IPOL.ID – Badan Nasional Penanggulangan Terorisme (BNPT) menyebut kelompok Khilafatul Muslimin sama bahayanya dengan Hizbut Tahrir Indonesia (HTI), Negara Islam Indonesia (NII), serta Negara Islam Irak dan Suriah (ISIS). Pasalnya, mereka mengampanyekan tegaknya sistem khilafah.
Hal ini dikatakan Direktur Pencegahan BNPT Brigjen R Ahmad Nurwakhid menanggapi tayangan di media sosial terkait konvoi rombongan pemotor dengan membawa atribut bertuliskan kebangkitan khilafah di Brebes, Jawa Tengah; dan Cawang, Jakarta Timur.
Dalam beberapa atributnya, mereka mengampanyekan tegaknya sistem khilafah sebagai solusi umat yang dilakukan kelompok Khilafatul Muslimin.
Nurwakhid menyebut bahwa Khilafatul Muslimin memiliki cita dan ideologi yang sama dengan HTI, yang telah dibubarkan pemerintah, yaitu mendirikan khilafah. Bedanya, HTI merupakan gerakan transnasional dan sedang memperjuangkan sistem khilafah di berbagai negara.
“Sementara Khilafatul Muslimin mengeklaim sudah mendirikan khilafah dengan adanya khalifah yang terpilih,” kata Nurwakhid dalam keterangan tertulis yang dikutip pada Rabu (1/6/2022).
Nurwakhid menjelaskan genealogi Khilafatul Muslimin tidak bisa dilepaskan dari NII. Sebab, sebagian besar tokoh kunci dalam gerakan ini merupakan mantan NII.
Pendiri dan pemimpinnya, yakni Abdul Qadir Hasan Baraja yang merupakan mantan anggota NII sekaligus salah satu pendiri Pondok Pesantren Ngruki. Abdul Qadir juga ikut ambil bagian dalam Majelis Mujahidin Indonesia (MMI) pada 2000 walaupun memilih tidak aktif.
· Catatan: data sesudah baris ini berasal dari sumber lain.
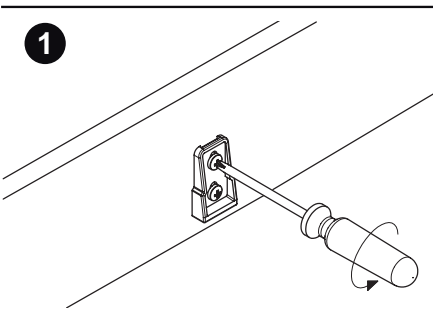

# Zoldertrap Sion 36

120x60 cm - 120x70 cm - 130x70 cm - 140x70 cm

1

2

3

4

5

6

7

8

9

10

12 treads

Casing height :  
14 cm

Insulation :  
36 mm

Treads  
Thickness :  
28 mm  
Depth :  
82 mm

Maximum  
load  
150 kg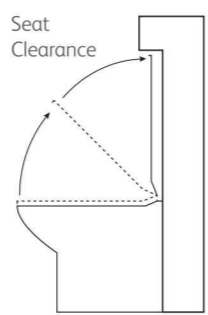

Daisy Lou Polymarble Shroud Unit  
With cistern, big button and Daisy Lou BTW  
pan with soft close seat  
W500 x H790 x D670mm  
**POLK001** £627.26

Dice Polymarble Shroud Unit  
With cistern, big button and Dice BTW pan  
with soft close seat  
W500 x H790 x D670mm  
**POLK002** £645.19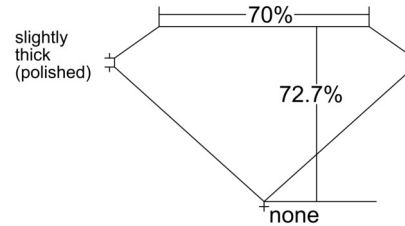

PROPORTIONS

Profile not to actual proportions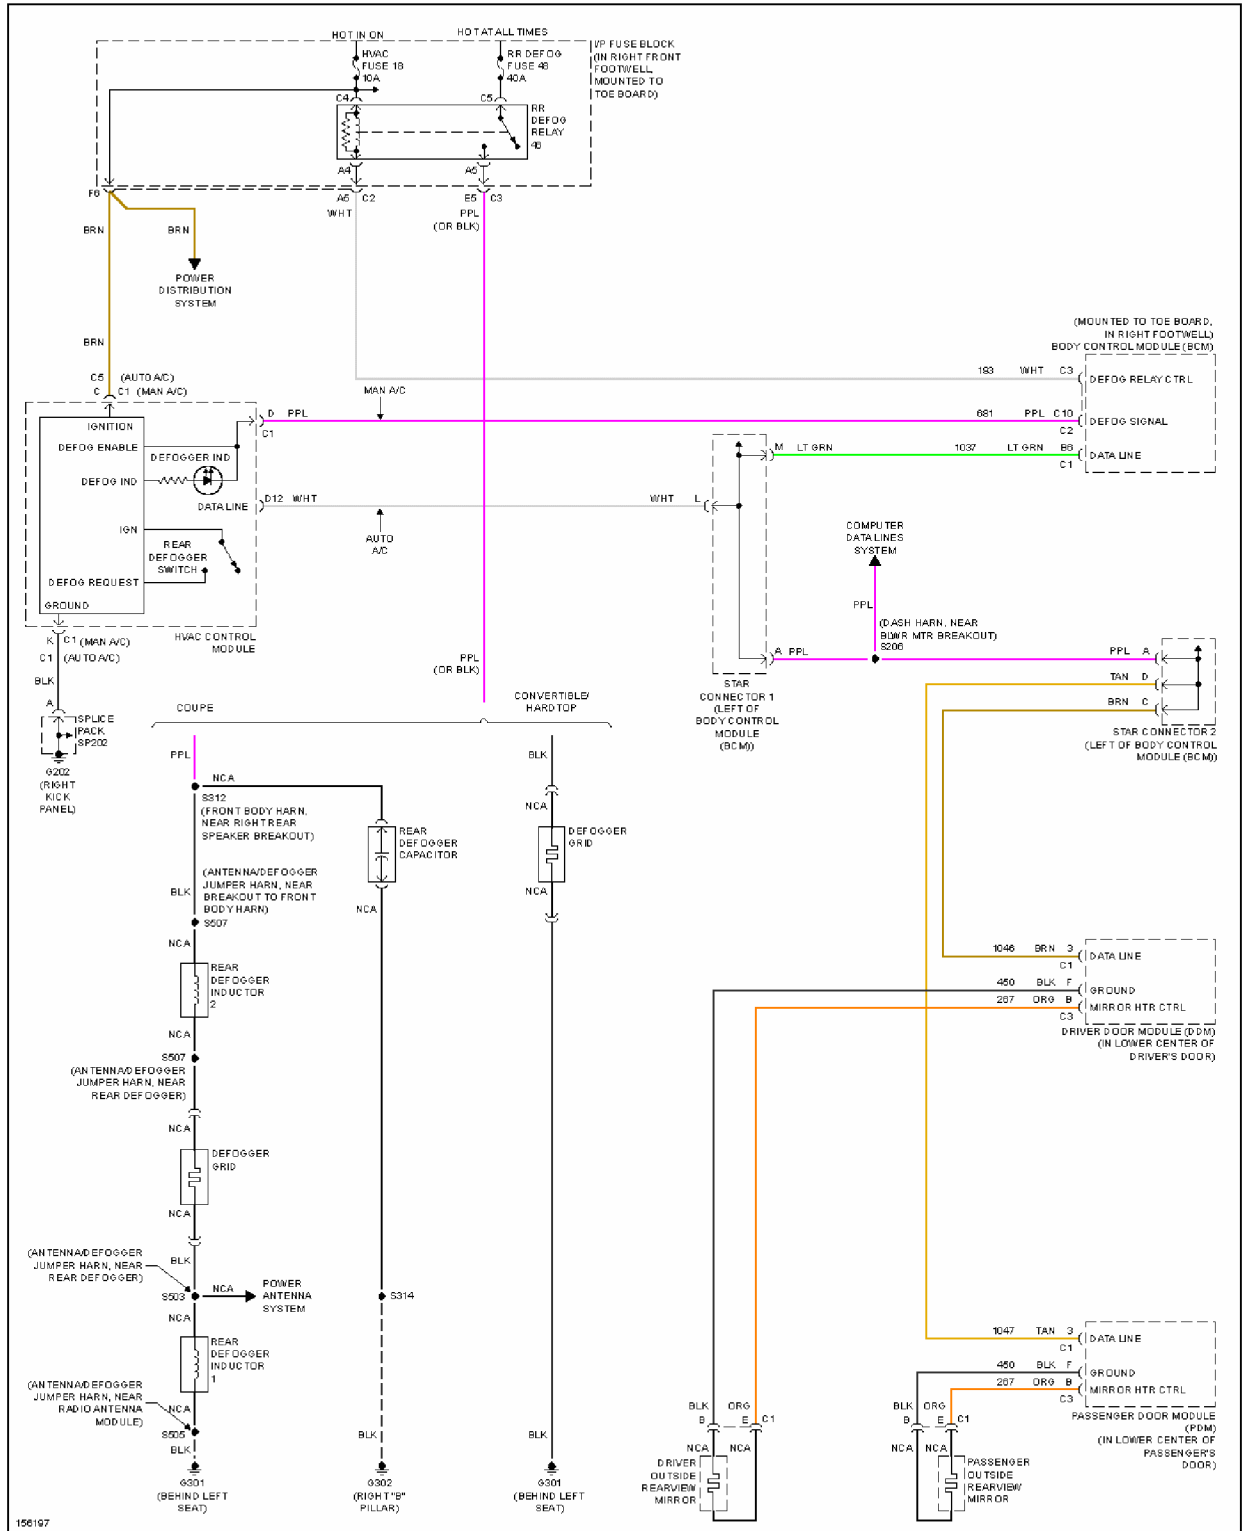

## 2002 SYSTEM WIRING DIAGRAMS CHEVROLET Corvette

Fig. 10: Defogger Circuit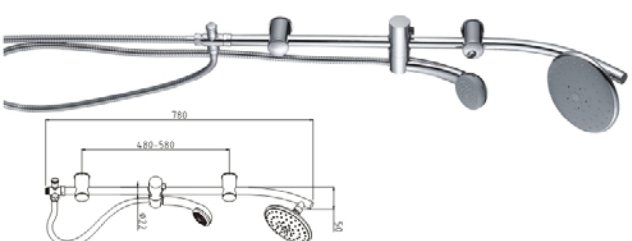

# SHOWER COLUMN SERIES

*Go on from the classic taste the highly life.*

**SYT1088C**  
**+7082C+6046C+SS11.5+0.8ml**

Material: Stainless steel, ABS, Brass  
 Color: Chrome  
 Diameter: 115mm, Shower head: Shower handle  
 Size: Attached drain

**SYT1028C**  
**+7022AC+8029AC+SS11.5+0.8ml**

Material: Stainless steel, ABS, Brass  
 Color: Chrome  
 Diameter: 115mm, Shower head: Shower handle  
 Size: Attached drain

**SYT1030C**  
**+7020C+9029C+SS11.5+0.8ml+501**

Material: Stainless steel, ABS, Brass  
 Color: Chrome  
 Diameter: 115mm, Shower head: Shower handle  
 Size: Attached drain

**SYT1075C**  
**+7165C+2122C+SS11.5+0.8ml**

Material: Stainless steel, ABS  
 Color: Chrome  
 Diameter: 115mm, Shower head: Shower handle  
 Size: Attached drain

**SYT1101C**  
**+7127C+8061C+SS11.5+0.8ml**

Material: Stainless steel, ABS, Brass  
 Color: Chrome  
 Diameter: 115mm, Shower head: Shower handle  
 Size: Attached drain

**SYT1102C**  
**+7022AC+4024C+SS11.5+0.8ml+607B**

Nurwakhid menyampaikan ada beberapa parameter yang bisa dipakai dalam melihat Khilafatul Muslimin. Pertama, aspek ideologi sangat berbahaya dengan memiliki cita ideologi khilafah di Indonesia sebagaimana HTI.
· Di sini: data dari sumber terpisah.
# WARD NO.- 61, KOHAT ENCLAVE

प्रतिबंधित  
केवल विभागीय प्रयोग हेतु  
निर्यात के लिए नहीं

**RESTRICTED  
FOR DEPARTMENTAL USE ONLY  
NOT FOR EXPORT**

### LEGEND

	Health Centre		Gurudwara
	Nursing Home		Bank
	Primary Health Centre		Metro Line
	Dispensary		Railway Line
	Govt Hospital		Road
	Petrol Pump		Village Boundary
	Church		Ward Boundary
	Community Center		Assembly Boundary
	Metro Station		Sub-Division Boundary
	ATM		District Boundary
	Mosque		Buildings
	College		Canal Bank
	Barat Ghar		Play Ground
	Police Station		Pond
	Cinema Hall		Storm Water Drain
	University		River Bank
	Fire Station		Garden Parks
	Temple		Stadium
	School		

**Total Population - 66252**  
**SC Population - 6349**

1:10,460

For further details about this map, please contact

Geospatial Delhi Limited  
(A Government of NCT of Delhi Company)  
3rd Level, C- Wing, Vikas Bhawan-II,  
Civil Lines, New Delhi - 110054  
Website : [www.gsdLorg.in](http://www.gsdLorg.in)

“Walaupun dalam pengakuan mereka tidak bertentangan dengan Pancasila, namun ideologi mereka adalah mengafirkan sistem yang tidak sesuai dengan pandangannya,” jelas dia.
Kedua, kata Nurwakhid, secara historis, pendiri gerakan ini sangat dekat dengan kelompok radikal, seperti NII, MMI, dan memiliki rekam jejak dalam kasus terorisme. Baraja telah mengalami dua kali penahanan.
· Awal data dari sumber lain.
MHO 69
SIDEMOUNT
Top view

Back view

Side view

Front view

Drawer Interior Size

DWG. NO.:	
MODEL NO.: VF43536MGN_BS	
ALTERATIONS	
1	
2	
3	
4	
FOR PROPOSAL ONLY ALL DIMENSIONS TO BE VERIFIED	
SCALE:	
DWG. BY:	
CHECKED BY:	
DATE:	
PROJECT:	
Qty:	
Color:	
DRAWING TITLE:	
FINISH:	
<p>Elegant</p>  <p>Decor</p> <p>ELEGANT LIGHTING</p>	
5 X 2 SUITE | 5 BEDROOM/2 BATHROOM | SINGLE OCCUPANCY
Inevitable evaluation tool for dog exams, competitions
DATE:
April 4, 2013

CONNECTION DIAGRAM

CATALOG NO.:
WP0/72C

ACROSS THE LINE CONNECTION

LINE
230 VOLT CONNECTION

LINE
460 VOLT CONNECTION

Pertama pada Januari 1979, berhubungan dengan Teror Warman, ditahan selama tiga tahun. Kemudian, ditangkap dan ditahan kembali selama 13 tahun, berhubungan dengan kasus bom di Jawa Timur dan Borobudur pada awal 1985.
Ketiga, dampak ideologis, gerakan ini yang memiliki cita-cita ideologi perubahan sistem sangat rentan bermetamorfosa dalam gerakan teror.
“Lihatlah kasus penangkapan NAS, tersangka teroris di Bekasi yang ditemukan di kontrakannya kardus berisi Khilafatul Muslimin dan logo bordir Khilafatul Muslimin,” ungkap dia.
Selain itu, gerakan Khilafatul Muslimin mudah berafiliasi dengan jaringan kelompok teror, seperti ISIS. Bahkan, saat masa kejayaan ISIS pada 2015, peneliti terorisme dari Singapura Rohan Gunaratna menggolongkan Khilafatul Muslimin berbaiat kepada ISIS.
Terkait masalah ini, Nurwakhid mengatakan BNPT akan melakukan koordinasi pencegahan dengan pemerintah daerah dan Forkopimda di seluruh wilayah NKRI untuk mewaspadai gerakan ini karena bertentangan dengan falsafah bangsa dan berpotensi melahirkan gerakan terorisme.
“Koordinasi ini akan terus dikuatkan. Tujuannya untuk terus melakukan deteksi sedini mungkin terkait potensi munculnya akar radikalisme dan terorisme di tengah masyarakat,” kata Nurwakhid.